Лишь три дня спустя в заброшенной и зловонной силосной яме с переломанными ногами находит его Михаил. На вопрос, почему тот не позвал на помощь, старик отвечает совсем невразумительно: «Пострадать хотел… страданьем грехи избывают… хочу, как пес, издохнуть в нечистотах…». И вдруг за низкой, почти отталкивающей бытовой обстановкой, в которую помещено непонятное для окружающих покаяние Евсея, проступает древняя агиографическая схема: великий грешник, уходящий в поисках искупления под землю.
Конец Евсея Мошкина обставлен, как уже отмечалось в литературе, с агиографической торжественностью. Он отказывается от операции, чтобы своим увечьем не доставлять новых хлопот людям, и сам предсказывает час собственной кончины. Его последняя мысль – о других, о восстановлении разоренного пекашинского дома, о примирении Михаила с Егоршей и Лизой. Позабыв цинизм и былое презрение к деревенскому «навозному жуку», Егорша жадно хватает руку Михаила, но с горечью понимает: примирения не произошло. Зато в его собственной душе начинается процесс мучительного прозрения…

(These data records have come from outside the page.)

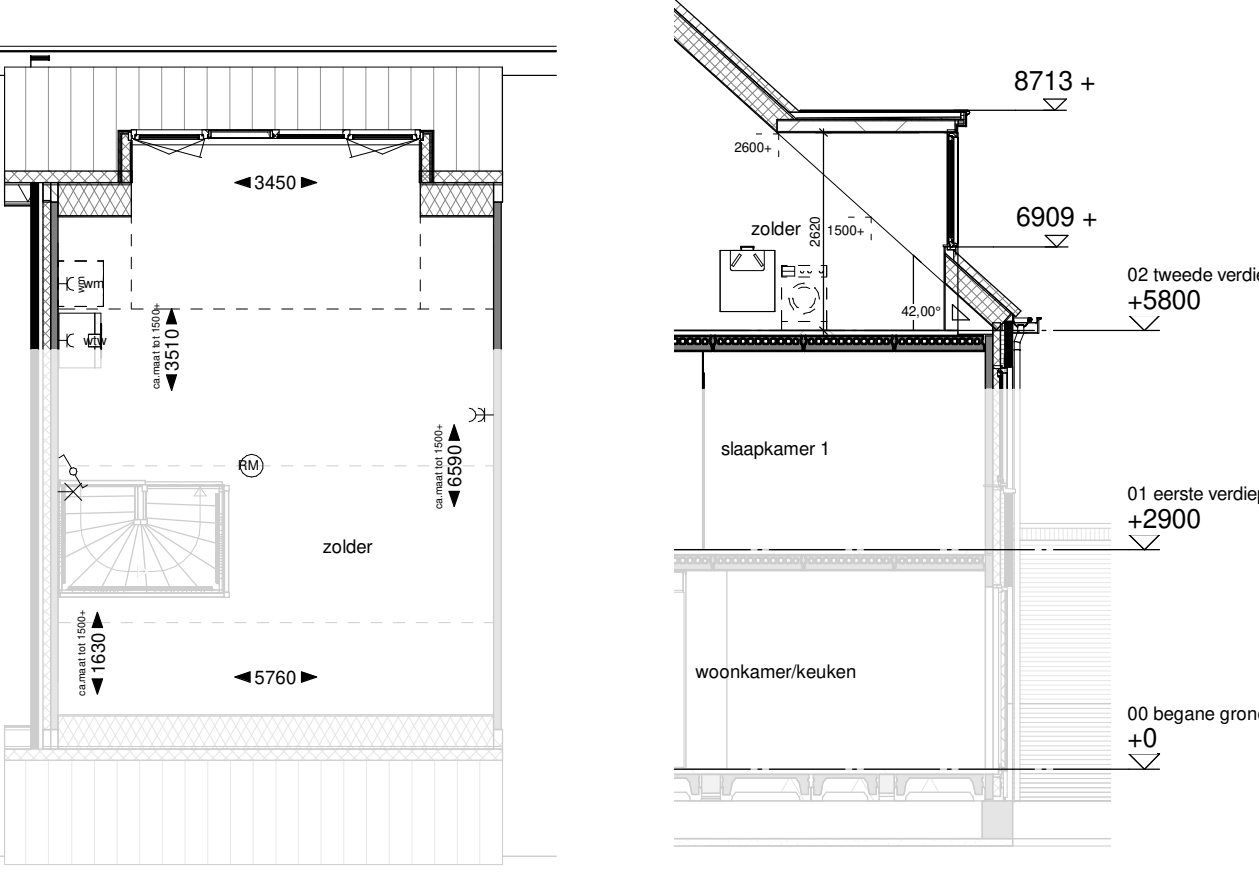

Doorsnede

Tweede verdieping

Optie dakkapel voorgevel

brns. C-E01 / C-E14
Voorgevel
brns. C-E15
Voorgevel

Tweede verdieping
Doorsnede

Optie dakkapel achtergevel

brns. C-E01 / C-E14
Achtergevel
brns. C-E15
Achtergevel

Tweede verdieping
Doorsnede

Optie dakkapel zijgevel

brns. C-E01 / C-E19
Rechter zijgevel
brn. C-E08
Linker zijgevel

Tweede verdieping
Doorsnede

Optie dakramen voor- & achtergevel

brns. C-E01 / C-E14 / C-E15
Voorgevel
kleur metselwerk volgens basiswoning
brns. C-E01 / C-E14 / C-E15
Achtergevel

Tweede verdieping
Doorsnede
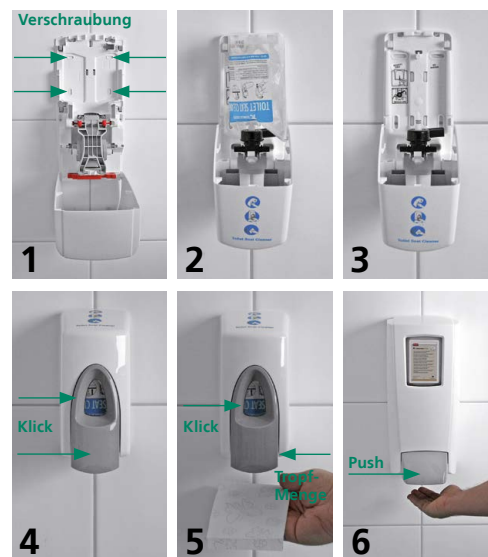

KemTec-ProRX Industrie Spendersystem für Handwaschpaste mit 2000 ml und 5000 ml

Leistungsfähige Hautreiniger die hart zum Schmutz aber sanft zur Haut sind, in einem strapazierfähigen, zuverlässigen Industrie-Hautpflegesystem.

Montagehinweise

1 Das Gehäuse öffnen, die Rückseite an der Wand ausrichten und Bohrlocher markieren. Dübel und Schrauben sind im Lieferumfang enthalten. Die Rückseite festschrauben. **2** Gehäuse schließen und auf korrekten Sitz prüfen. Achtung: Die Handwaschpaste ist nicht im Lieferumfang enthalten, bitte separat bestellen. **3** Das Gehäuse öffnen und die Schlauchführung öffnen. **4** Dann die Handwaschpaste kopfüber einsetzen, drücken bis sie einrastet, das Schlauchende in die Halterung drücken bis es einrastet, den roten Deckel vom Schlauch entfernen. **5** Die Schlauchführung zurück drücken bis sie einrastet. Hebel zur Einstellung der Abgabemenge an der rechten Seite des Spenders. Leicht ablesbares Tropfensymbol (1-2-3 Tropfen). Gehäuse wieder vorsichtig schließen; der Seifenspender ist nun betriebsbereit. **6** Zur Benutzung Hand unter den Spender halten und dann die graue Taste drücken. Je nach eingestellter Dosis erhalten Sie eine entsprechende Portion zum Waschen.

В русле житийной традиции кончина Евсея сопровождается особым погодным явлением – «яростным, долгожданным ливнем» после долгой засухи. Благоприятный знак видят в этом набожные старушки: «Вот как, вот как, наш заступник! Господу Богу престал – первым делом не о себе, об нас, грешных, забота: не томи, Господи, людей, даждь им влаги и дождя животворныя…»[250]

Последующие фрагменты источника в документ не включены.